(Collected data)
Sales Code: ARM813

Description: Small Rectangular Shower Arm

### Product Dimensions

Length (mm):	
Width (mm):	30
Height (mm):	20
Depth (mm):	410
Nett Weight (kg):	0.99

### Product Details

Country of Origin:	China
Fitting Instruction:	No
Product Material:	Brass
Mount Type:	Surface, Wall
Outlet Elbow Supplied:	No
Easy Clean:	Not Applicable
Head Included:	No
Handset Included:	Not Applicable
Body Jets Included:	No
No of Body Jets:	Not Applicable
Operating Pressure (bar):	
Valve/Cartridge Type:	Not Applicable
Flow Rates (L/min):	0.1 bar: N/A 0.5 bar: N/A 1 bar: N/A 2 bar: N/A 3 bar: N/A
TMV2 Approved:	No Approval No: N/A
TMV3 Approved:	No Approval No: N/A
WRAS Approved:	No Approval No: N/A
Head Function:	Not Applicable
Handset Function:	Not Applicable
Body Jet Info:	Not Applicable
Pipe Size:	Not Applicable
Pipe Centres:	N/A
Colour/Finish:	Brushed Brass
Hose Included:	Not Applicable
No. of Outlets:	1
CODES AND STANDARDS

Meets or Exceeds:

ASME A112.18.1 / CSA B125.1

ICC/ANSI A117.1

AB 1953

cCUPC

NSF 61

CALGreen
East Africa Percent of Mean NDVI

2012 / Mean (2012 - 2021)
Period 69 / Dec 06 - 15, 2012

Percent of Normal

--

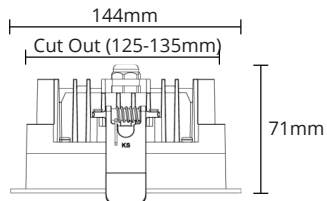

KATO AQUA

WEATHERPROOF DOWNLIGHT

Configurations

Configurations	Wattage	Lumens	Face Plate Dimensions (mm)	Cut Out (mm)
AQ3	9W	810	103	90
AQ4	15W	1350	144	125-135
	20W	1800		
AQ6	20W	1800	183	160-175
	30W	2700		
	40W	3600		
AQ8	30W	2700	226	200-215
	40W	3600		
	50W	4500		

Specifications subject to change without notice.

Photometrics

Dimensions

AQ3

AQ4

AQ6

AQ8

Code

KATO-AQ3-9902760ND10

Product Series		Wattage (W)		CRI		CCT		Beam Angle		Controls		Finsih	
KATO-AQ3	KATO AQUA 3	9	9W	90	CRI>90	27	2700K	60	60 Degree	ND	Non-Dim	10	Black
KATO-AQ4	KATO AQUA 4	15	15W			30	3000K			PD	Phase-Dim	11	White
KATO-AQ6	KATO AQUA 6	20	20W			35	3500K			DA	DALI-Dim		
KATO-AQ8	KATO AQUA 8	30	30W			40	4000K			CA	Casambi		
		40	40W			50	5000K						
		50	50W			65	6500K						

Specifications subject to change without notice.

● **Work request**
Show a copy of each line from the data that includes the word "Configurations".

● **Response**
Configurations
Configurations	Wattage	Lumens	Face Plate Dimensions (mm)	Cut Out (mm)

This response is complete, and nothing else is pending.